I prefer to use the leg as I feel it has the best flavour and then 'seam' butcher the Individual muscle out so they cook evenly, but you could just as easily use a loin if you prefer.

Serves: 6

1 leg of lamb/Hogget
500g parsnips
Half a litre of milk
1 red cabbage
100 ml red wine vinegar
A good glug of red wine (reserve the rest for yourself)
100g dark brown sugar
Hay (mine came from the farm, but you can get a small bag from any pet store)

To finish/garnish at the restaurant I use:
Baby parsnips - honey roasted
Dehydrated cabbage hearts (crisps)
Red cabbage powder
Dehydrated grapes - semi dried
A lamb stock reduction
Shepherd's pie (Braised Hogget with a mashed potato top)
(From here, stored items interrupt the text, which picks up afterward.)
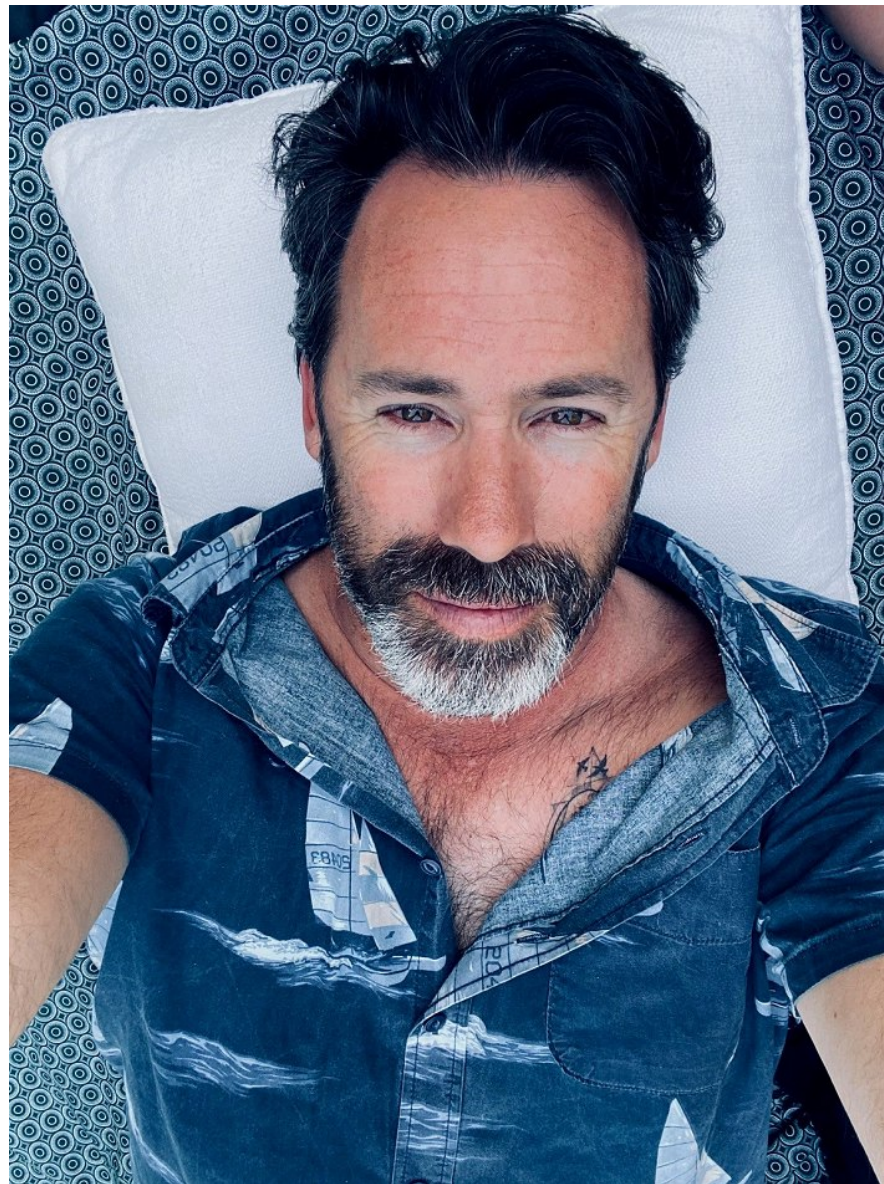

sean

Height 185cm/6'1" Chest 108cm/42.5" Waist 98cm/38.5" Shoe 44.5 EU/10.5 US/10 UK Hair Salt and Pepper Eyes Brown

sean

Height 185cm/6'1" Chest 108cm/42.5" Waist 98cm/38.5" Shoe 44.5 EU/10.5 US/10 UK Hair Salt and Pepper Eyes Brown

sean

Height 185cm/6'1" Chest 108cm/42.5" Waist 98cm/38.5" Shoe 44,5 EU/10,5 US/10 UK Hair Salt and Pepper Eyes Brown

sean

Height 185cm/6'1" Chest 108cm/42.5" Waist 98cm/38.5" Shoe 44.5 EU/10.5 US/10 UK Hair Salt and Pepper Eyes Brown

sean

Height 185cm/6'1" Chest 108cm/42.5" Waist 98cm/38.5" Shoe 44.5 EU/10.5 US/10 UK Hair Salt and Pepper Eyes Brown

sean

Height 185cm/6'1" Chest 108cm/42.5" Waist 98cm/38.5" Shoe 44,5 EU/10,5 US/10 UK Hair Salt and Pepper Eyes Brown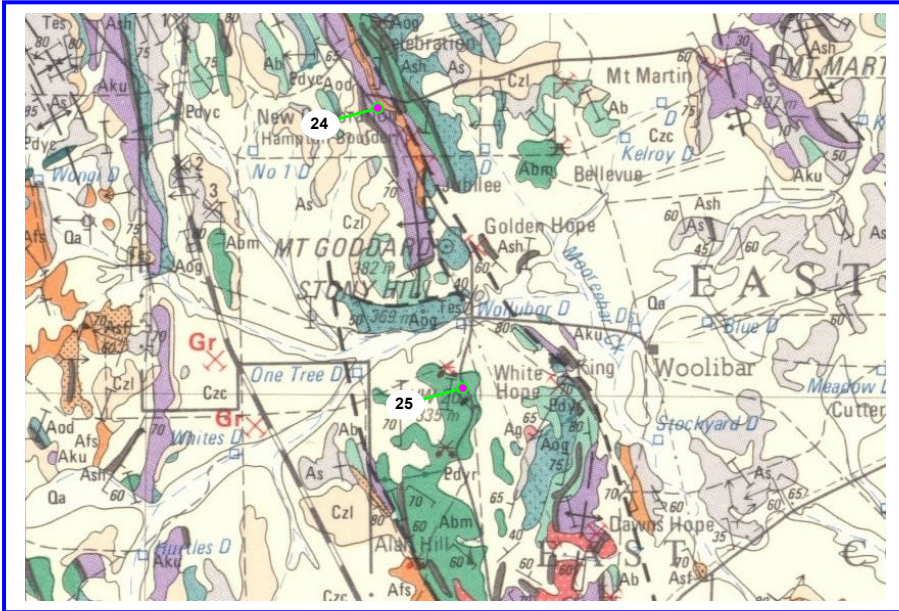

Kalgoorlie

Overview of areas where samples were collected :

Geological Map of Western Australia with marked areas where rock samples were collected :

Kalgoorlie (Centre) area

South Kalgoorlie area

Kalgoorlie (Centre) Area :

→ 4 Geological Maps joined together :

South Kalgoorlie Area (near Norseman) :

→ 4 Geological Maps joined together

Sample sites No : 1 to 65 marked on the maps

Detail 3

Detail 1

Detail 2

Sample sites No : 1 to 65
marked on the maps

Detail 4

Detail 5

Detail 6

Detail 7

Detail 11

Sample sites No : 1 to 65 marked on the maps

Detail 8

Sample sites No : 1 to 65
marked on the maps

Detail 10

Sample sites No : 1 to 65
marked on the maps

But this is all essentially the frilly bits rather than the essence of the dish.


Discard the outer leaves, slice the cabbage as fine as you can, removing the stem (I use this as a garnish). Put in a casserole dish with a large glass of red wine, 100ml of red wine vinegar and 100g of dark brown sugar. Cook at 160c with a lid on in the oven for approximately two hours, stir every half an hour or so.

Parsnip purée
Peel and chop the parsnips into equal pieces and cover with a combination of milk and water and simmer until soft, then purée and season.

Honey roasted parsnips
Parboil the baby parsnips for 6 minutes, remove from water, season, add honey and roast in oven until caramelised.

Seam butcher the leg of lamb/Hogget. It's easier than you'd think. If you look at the leg you can see the 'seams' that link all the individual muscles together. Use your knife to separate the muscles in small movements, once you've made the first incision you can carefully use your fingers to help separate the muscles as you go. A nice butcher will be able to do this for you if you prefer.

Get the hay smouldering in a pan, add the lamb, pop the lid on and seal for two minutes. Then remove the lamb, we only want a mild smokey aroma.

Sear off in foaming butter until the entire exterior of the meat is nicely caramelised. Put in the oven at 180c for 4-6 minutes depending on how you like your lamb cooked - 4 minutes will be medium rare. Then let rest for approximately the same amount of time again.

Lamb stock: we make our own and reduce it down until it thickens, but you can buy a good alternative in the supermarket. Go for a fresh stock rather than the powdered alternative

To plate: put the purée on the plate, then the cabbage, Hogget and any of the other garnishes you wish to add in whichever way that appeals to you, and most importantly enjoy.